Tous malades… tous migrants

« Tout bien portant est un malade qui s’ignore » : cette saillie humoristique de Jules Romains dans « Knock ou le triomphe de la médecine » pourrait s’étendre et se généraliser à d’autres domaines que la santé, dans la société, le monde, dans nos vies personnelles...

En ces temps incertains aux situations complexes qui induisent, non sans raison, des jugements parfois pessimistes sur l’évolution de notre humanité, comme souvent, des coupables sont recherchés : chacun, de son côté ou en collectif, épingle volontiers l’impuissance, voire la complicité de ceux qui détiennent le pouvoir (politique, financier, juridique, militaire, religieux…) ; on accuse les systèmes ou les modèles (politiques, économiques, techniques, médiatiques, religieux) ; on pointe du doigt la défaillance généralisée des sociétés dites civiles, l’éloignement des cadres de références, des valeurs dites traditionnelles, l’avènement traumatique des technologies post-modernes… Autant de facteurs qui minent et contaminent le monde et le rendent malade.

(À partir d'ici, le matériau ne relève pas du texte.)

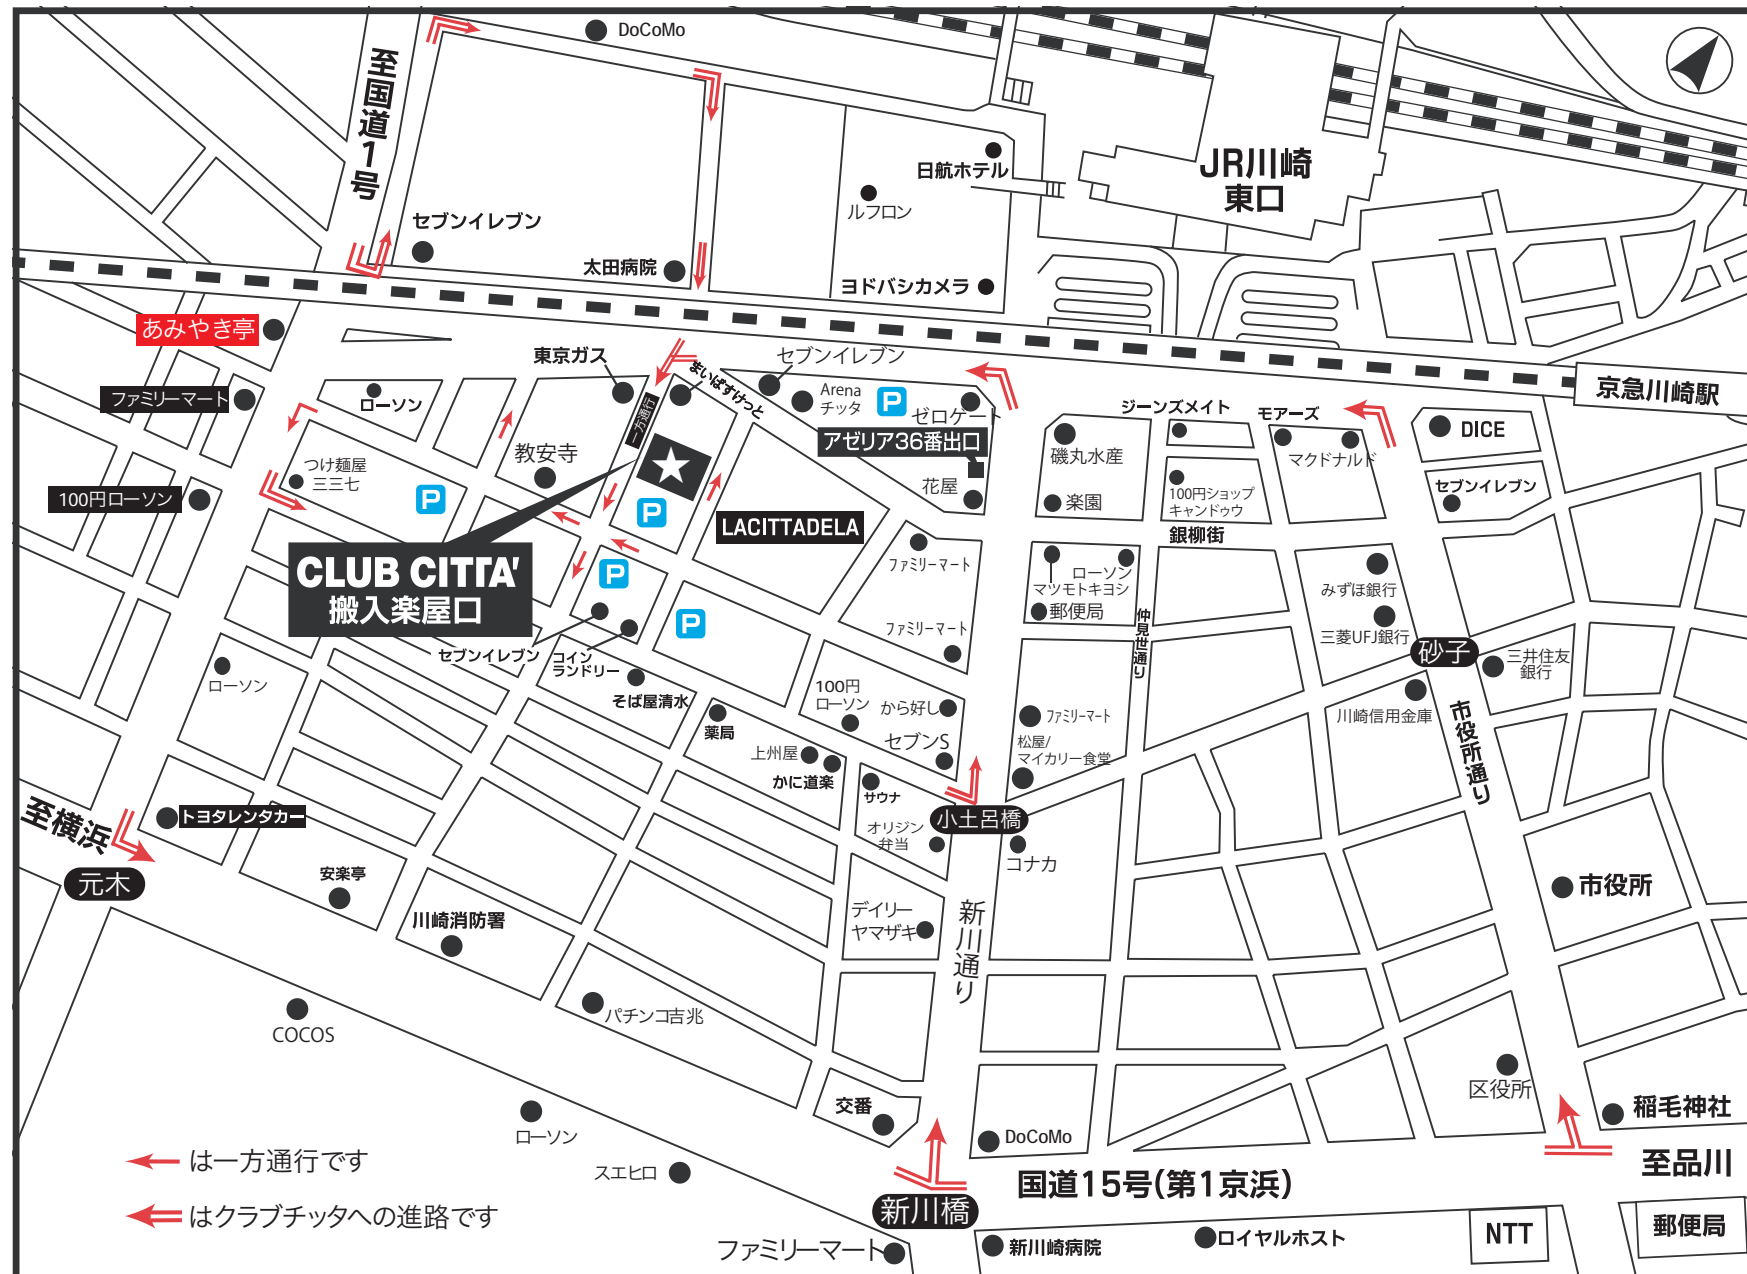

CLUB CITTA' 周辺地図

〒210-0023 神奈川県川崎市川崎区小川町5-7
TEL 044-244-7888 FAX 044-211-8736

注) 搬入口・楽屋口の道路への進入は、一方通行が多いのでお気を付け下さい。**あみやき亭**方向からの右折は道路交通法違反となります。

■出演者用駐車場スペースあり。搬入口は11t車まで対応可。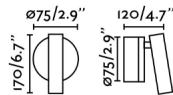

Este lector blanco es perfecto para aportar un punto de luz cerca de la cama o el sofá. BOC LED es ideal para iluminar habitaciones de hotel.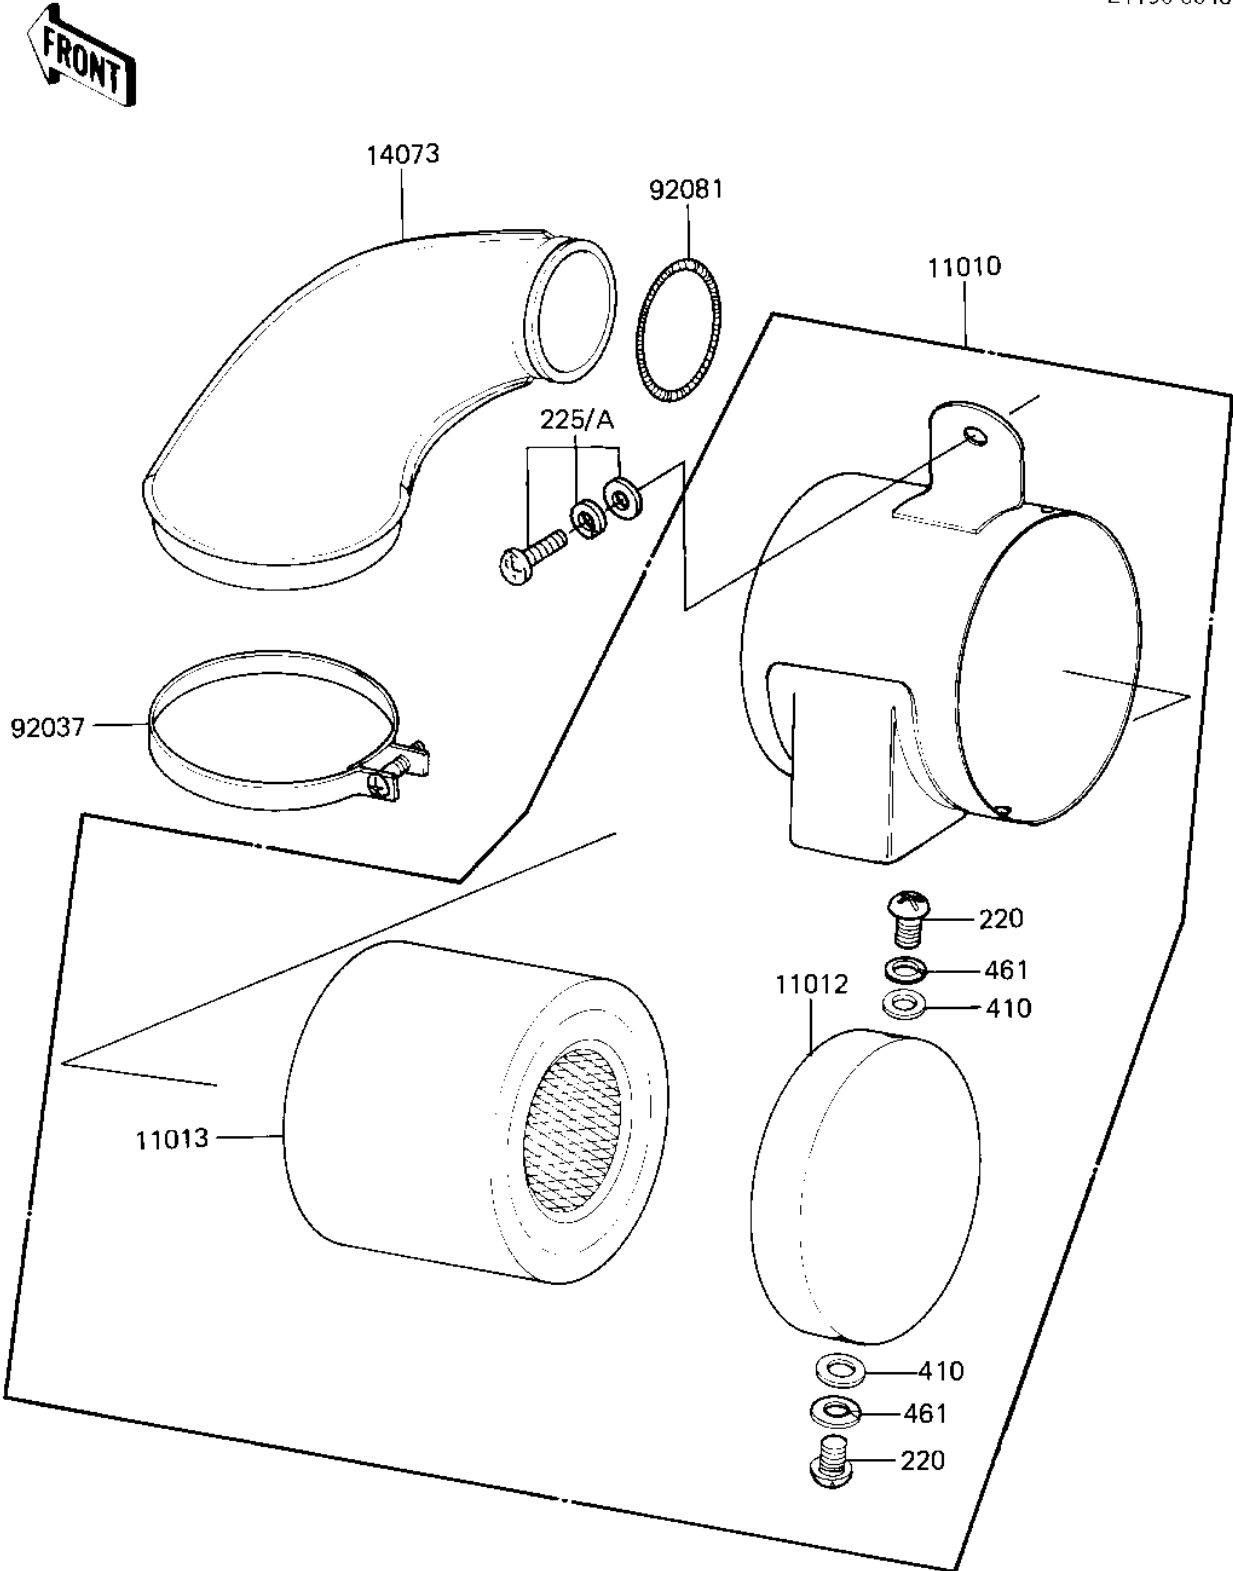

1983 KD80

PARTS DIAGRAM

AIR CLEANER

E1130-0048

1983 KD80

PARTS LIST AIR CLEANER

ITEM NAME

PART NUMBER

QUANTITY
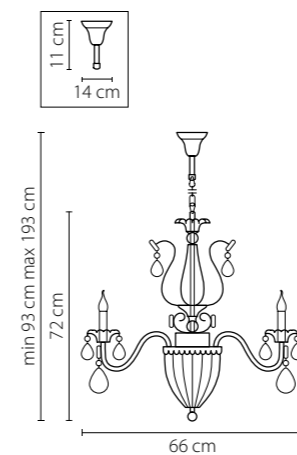

790112
ЗОЛОТО
ПРОЗРАЧНЫЙ
ЛЮСТРА ПОДВЕСНАЯ
8 x E14 max 60W
3 x E14 max 60W
12,7 kg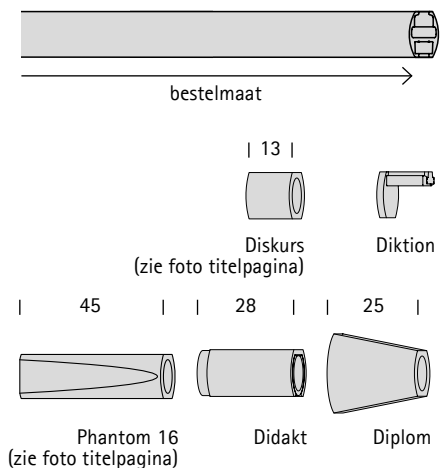

PRODUCTINFORMATIE

interstil
Vorhang-Garnituren

Profiel 16670
rond 16mm

PRODUCTINFORMATIE

Profiel 16670 - rond 16mm

1. Profielbeschrijving

| | |
|---------------------------------|--|
| Materiaal | aluminium |
| Max. lengte | 580 cm |
| Gewicht | 213 g/m |
| Toepassingsgebied belastbaar | droge binnenruimte alleen voor lichte stoffen |

2. Selectie montagemogelijkheden

Wandmontage

enkelloops
meerdere steunafstanden zijn
standaard
Andere afstanden zijn mogelijk

dubbelloops

Plafondmontage

design steun

Plafondsteun
(schaduwvoeg 3 mm)

grotere afstanden

IDD montage

glad profiel aan beide zijden +
IDD steun

3. Selectie profielafwerking

Wandzijde

gladde profielsnede
zonder eindstuk

met eindkap (eenvoudig)

+ adapter

met eindstuk (decoratief)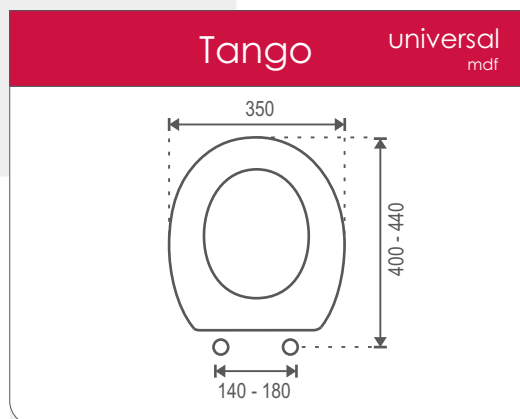

Marca		Tango	Bolero	Rumba	Samba
Adaptabilidades	Althea	Spa			
	Bellavista	Amadeus, Capri			Nexo, Stylo
	Duravit		Darling (mod. redondo)		
	Gala	Elia, Nila			Marina (h.vertical)
	I. Standard	Ecco			Epoque, Esedra
	J. Delafon	Apolo, Atila	Loto		Altair, Antares
	Kerax				
	Porsan	Venecia			
	Roca	Lucerna, Victoria		Lorentina	Atlanta, Giralda, Meridian
	Sangrá	Venecia, Granada (mod. nuevo)			Bahía, Domo
	Sanitana	Munike			Regina
	Unisán		Oceanus		Alfa, Benissa, Proget
	Valadares	Europa Plus			Image, Opus

IMPORTANTE: La Tabla de Adaptabilidades actúa como orientación. Bajo ningún concepto la empresa se responsabilizará de interpretaciones personales.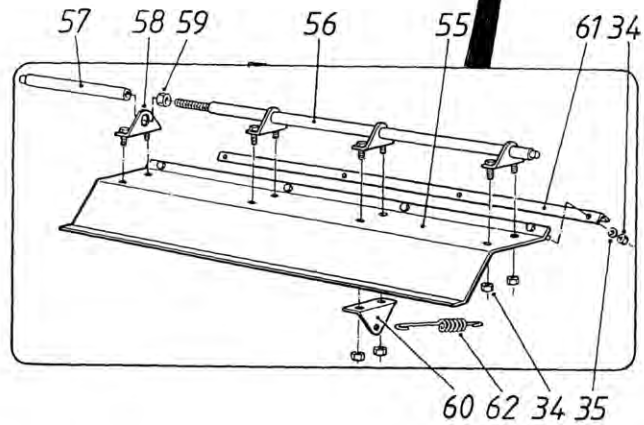

Cover
Couvercle

Покрышка

12AD

Po	Qty	PartNo	Remark			
34	12	6594038	Lock nut	Ecrou de serrage	Гайка контрольная	
35	12	7400032	Washer	Rondelle	Шайба	
55	1	R693058	Plate	Plaque	Ведущая пластина	
56	1	R693057	Shaft	Arbre	Вал	
57	1	R692969	Shaft	Arbre	Вал	
58	1	R693061	Clamp	Collier	Скоба	
59	2	6507034	Nut	Ecrou	Гайка	
60	1	R692972	Fastening	Etrier	Обойма	
61	1	R693060	Adj.plate	Plaque de réglage	Регулир. пластина	
62	1	0415116	Spring	Ressort	Пружина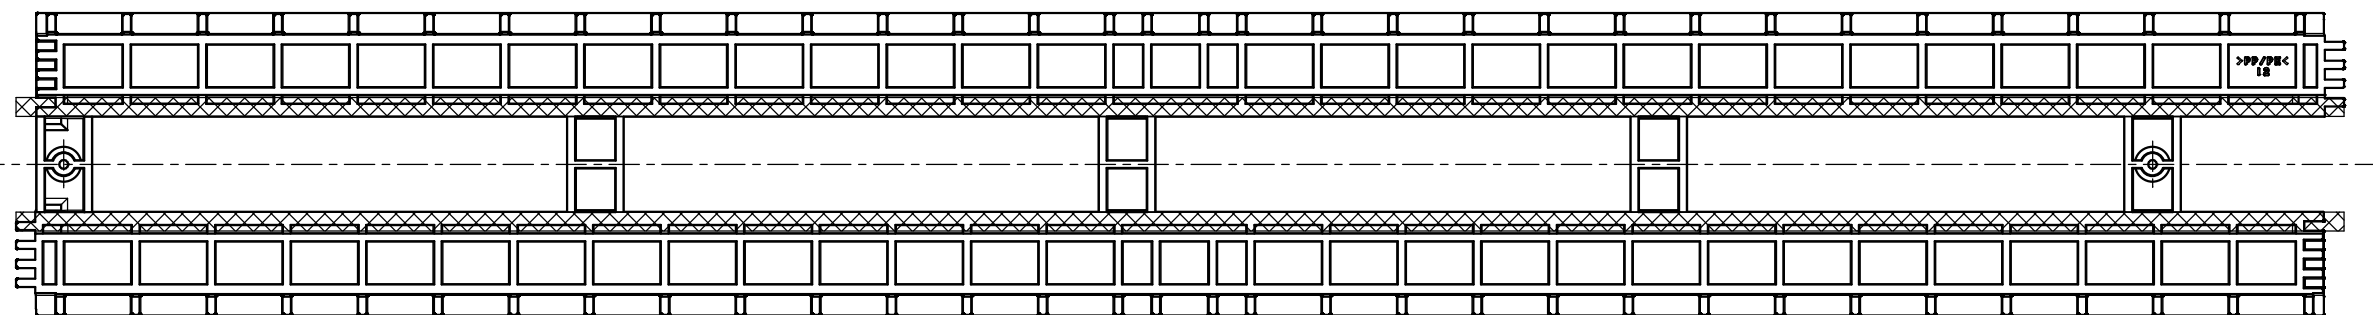

4本-Joto気密材EP-0707 □7.5X924

検 査
CHECKED BY

検 査
CHECKED BY

設計 DESIGNED BY	年 月 日	氏 名	名 称 TITLE	気密パッキンロング 簡易図	尺 度 SCALE	/
製 図 DRAWING BY				KPK-N120	第三角法 3RD ANGLE PROJECTION	
符 号	変 更 REVISIONS	日 付	担 当	図 番 DWG. NO	承 認 APPROVED BY	
△						
△						
△						
△

Mais, nous-mêmes, individuellement, personnellement, dans notre vie familiale ou professionnelle, voire dans les institutions dont nous sommes adhérents, dans les associations où nous militons, serions-nous les seuls indemnes de l’épidémie et en bonne santé, échappant à la contagion générale ?

Mieux vaut l’avouer sans faux fuyant, nous sommes tous malades, comme le disait Knock en plaisantant, et nous avons tous grand besoin de nous soigner. Sans doute, le meilleur chemin de la guérison est d’abord ce constat d’être contaminé par l’épidémie universelle qui n’épargne personne et qui attend ensuite un juste diagnostic.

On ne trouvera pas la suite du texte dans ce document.